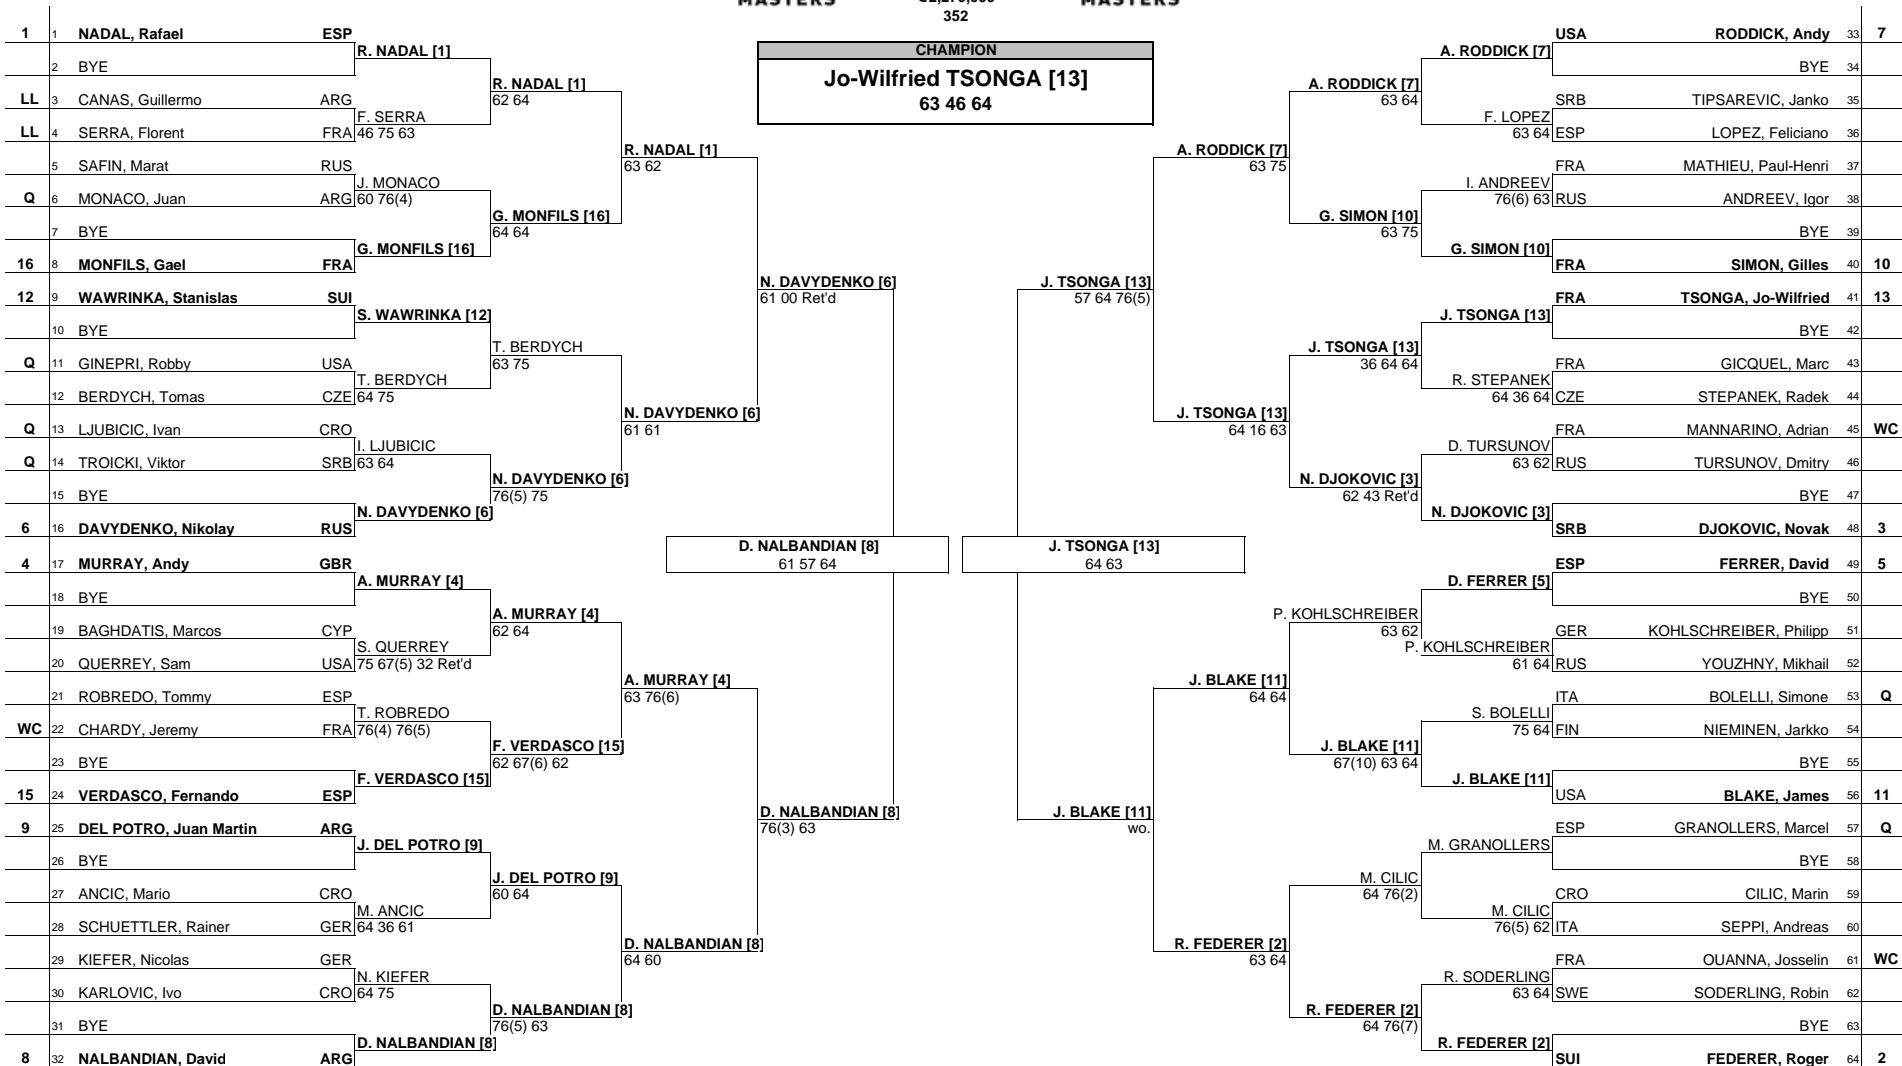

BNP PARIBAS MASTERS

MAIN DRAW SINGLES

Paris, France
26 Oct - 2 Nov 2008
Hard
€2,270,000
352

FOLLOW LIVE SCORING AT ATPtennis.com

_Task directions_.
Would you write out all of the data exactly as it stands, without the pictures?

_Result_.
BNP PARIBAS MASTERS

MAIN DRAW SINGLES

Paris, France
26 Oct - 2 Nov 2008
Hard
€2,270,000
352

FOLLOW LIVE SCORING AT ATPtennis.com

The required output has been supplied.